- **Task to complete**:
Print every line of the listing below, starting with the line that holds "powder varnish, semi-matte" and going on through the line that holds "Key MAP View", both included, and print nothing else.

- **Data**:
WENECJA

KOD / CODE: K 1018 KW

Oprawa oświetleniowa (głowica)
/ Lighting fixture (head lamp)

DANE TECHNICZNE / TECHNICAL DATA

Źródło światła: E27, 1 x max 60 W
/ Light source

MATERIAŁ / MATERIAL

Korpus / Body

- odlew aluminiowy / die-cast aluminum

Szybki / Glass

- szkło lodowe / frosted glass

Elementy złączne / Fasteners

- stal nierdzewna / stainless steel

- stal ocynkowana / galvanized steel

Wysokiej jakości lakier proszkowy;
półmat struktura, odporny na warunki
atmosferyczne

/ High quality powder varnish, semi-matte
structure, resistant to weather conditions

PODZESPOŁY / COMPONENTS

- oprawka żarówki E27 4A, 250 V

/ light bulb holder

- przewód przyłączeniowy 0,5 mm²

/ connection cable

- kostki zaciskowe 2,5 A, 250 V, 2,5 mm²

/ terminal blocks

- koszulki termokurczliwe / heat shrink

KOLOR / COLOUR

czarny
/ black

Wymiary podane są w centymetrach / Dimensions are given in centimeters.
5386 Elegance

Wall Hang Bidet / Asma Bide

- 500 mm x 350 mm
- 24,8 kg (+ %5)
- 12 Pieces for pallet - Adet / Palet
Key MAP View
...
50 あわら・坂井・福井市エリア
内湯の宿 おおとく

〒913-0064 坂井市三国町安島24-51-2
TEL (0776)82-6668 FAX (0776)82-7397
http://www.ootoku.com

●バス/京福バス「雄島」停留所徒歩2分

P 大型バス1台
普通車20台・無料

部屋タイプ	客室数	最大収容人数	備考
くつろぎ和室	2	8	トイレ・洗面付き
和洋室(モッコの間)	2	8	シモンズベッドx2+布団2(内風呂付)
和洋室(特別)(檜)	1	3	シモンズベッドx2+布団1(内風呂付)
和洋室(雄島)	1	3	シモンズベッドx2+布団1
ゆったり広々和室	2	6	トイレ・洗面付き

- **Reply to the task**:
/ High quality powder varnish, semi-matte
structure, resistant to weather conditions

PODZESPOŁY / COMPONENTS

- oprawka żarówki E27 4A, 250 V

/ light bulb holder

- przewód przyłączeniowy 0,5 mm²

/ connection cable

- kostki zaciskowe 2,5 A, 250 V, 2,5 mm²

/ terminal blocks

- koszulki termokurczliwe / heat shrink

KOLOR / COLOUR

czarny
/ black

Wymiary podane są w centymetrach / Dimensions are given in centimeters.
5386 Elegance

Wall Hang Bidet / Asma Bide

- 500 mm x 350 mm
- 24,8 kg (+ %5)
- 12 Pieces for pallet - Adet / Palet
Key MAP View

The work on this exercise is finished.